» EXERCISE INPUT
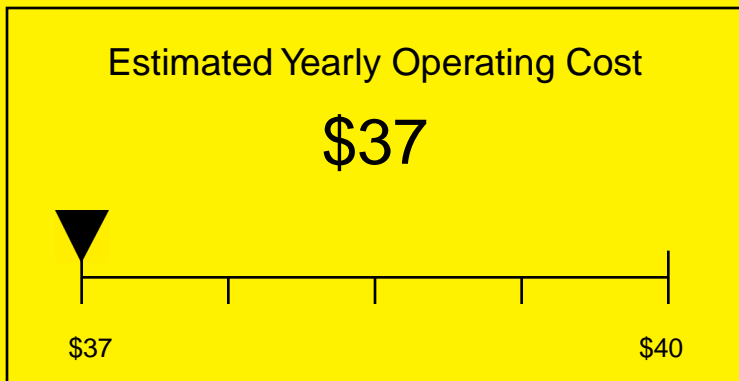

ENERGYGUIDE

REFRIGERATOR
Defrost: Automatic

FFAR10LOCKER
10.1 Cubic Feet

Compare the energy use of this product with others
before you buy

348kWh

Estimated Yearly Electricity Use

Your cost will depend on your utility rates

Based on a 2007 U.S. Government national average cost of 10.65 cents per kWh for electricity. Your actual operating cost will vary depending on your local utility rates and your use of the product.

» EXERCISE DETAILS
Report, with a number and no other words, how many lines of the listing contain "cost".

» RESULT
2